Anda di halaman 1dari 7

BAGIAN V.

ANTROPOLOGI

(AJARAN TENTANG MANUSIA)

Antropologi adalah ajaran tentang manusia, namun dewasa ini istilah tersebut memiliki arti yang
teologis dan yang ilmiah. Antropologi teologis membahas manusia dalam hubungannya dengan
Allah, sedangkan antropologi ilmiah menguraikan organisme psikofisik serta sejarah alamiah
manusia. Subjek antropologi dalam penelaahan ini meliputi pokok-pokok bahasan seperti asal
usul manusia, kesatuan umat manusia, kejatuhan manusia, serta akibat-akibat kejatuhannya itu.
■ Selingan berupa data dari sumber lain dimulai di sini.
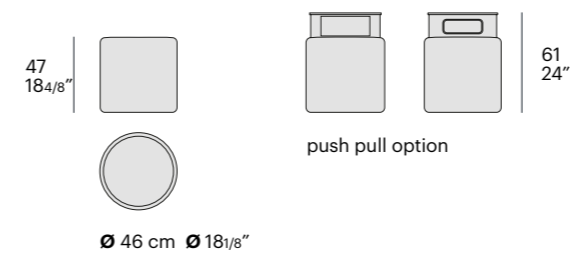

dimensioni / dimensions:

XV Asal Usul dan Watak Semula Manusia

Carnell, seorang sarjana berhaluan evolusi ambang, menulis, "Manusia diciptakan dari debu
dengan suatu tindakan, ab extra, ilahi yang khusus, dengan tubuh yang secara struktural mirip
dengan golongan vertebrata (hewan yang bertulang belakang), dan dengan jiwa yang dibentuk
menurut gambar dan rupa Allah." Beberapa pihak yang berhaluan evolusionis mengusulkan
bahwa tubuh manusia berkembang melalui suatu proses evolusi yang panjang, tetapi pada suatu
ketika Allah campur tangan dan secara langsung menciptakan jiwa, sehingga jadilah manusia.
Paus Pius XII dalam ensikliknya berjudul Humani Generis (1950) mengatakan, "Ajaran Gereja
membiarkan ajaran evolusi sebagai suatu masalah yang terbuka, selama ajaran ini membatasi
teori-teorinya pada perkembangan tubuh manusia yang dijadikan dari zat hidup lainnya yang
sudah ada. (Bahwa jiwa diciptakan langsung oleh Allah merupakan pandangan yang dipaksakan
iman Katolik atas kita).

 ARGUMEN-ARGUMEN PENDUKUNG HIPOTESIS EVOLUSIONER


 Anatomi perbandingan
 Organ organ yang tertinggal
 Embriologi
 Biokimia
 Paleontologi
 Genetika
 ARGUMEN-ARGUMEN ALKITAB YANG MENDUKUNG PENCIPTAAN
LANGSUNG MANUSIA
 Ajaran harafiah Alkitab
 Adam dan Hawa diciptakan sebagai laki – laki dan perempuan
 Hawa diciptakan langsung oleh Allah
 Manusia berasal dari debu dan kembali kepada debu
 Manusia menjadi makhluk yang hidup
 Alkitab membedakan antara daging manusia dan daging binatang
A. KESAMAAN ITU BUKAN KESAMAAN JASMANIAH
Allah adalah Roh sehingga tidak memiliki anggota-anggota tubuh seperti manusia.
Beberapa kalangan menggambarkan Allah sebagai manusia yang agung dan luhur,
namun pandangan semacam ini salah. (Mazmur 17:15).
B. KESAMAAN ITU ADALAH KESAMAAN MENTAL
Allah adalah Roh, jiwa manusia adalah roh juga. Sifat-sifat hakiki dari roh ialah akal
budi, hati nurani, dan kehendak. Roh adalah unsur yang mampu bernalar, bersifat moral,
dan oleh karena itu juga berkehendak bebas.
C. KESAMAAN ITU ADALAH KESAMAAN MORAL
Bahwa manusia memiliki kesamaan semacam itu dengan Allah sudah jelas dalam
Alkitab. Bila dalam pembaharuan manusia baru itu "diciptakan menurut kehendak Allah
di dalam kebenaran dan kekudusan yang sesungguhnya" (Efesus 4:24)
D. KESAMAAN ITU ADALAH KESAMAAN SOSIAL
Sifat Allah yang sosial itu didasarkan pada kasih sayang-Nya. Yang menjadi sasaran
kasih sayang-Nya adalah Oknum-Oknum lain di dalam ketritunggalan-Nya. Karena Allah
memiliki sifat sosial, maka Ia menganugerahkan kepada manusia sifat sosial.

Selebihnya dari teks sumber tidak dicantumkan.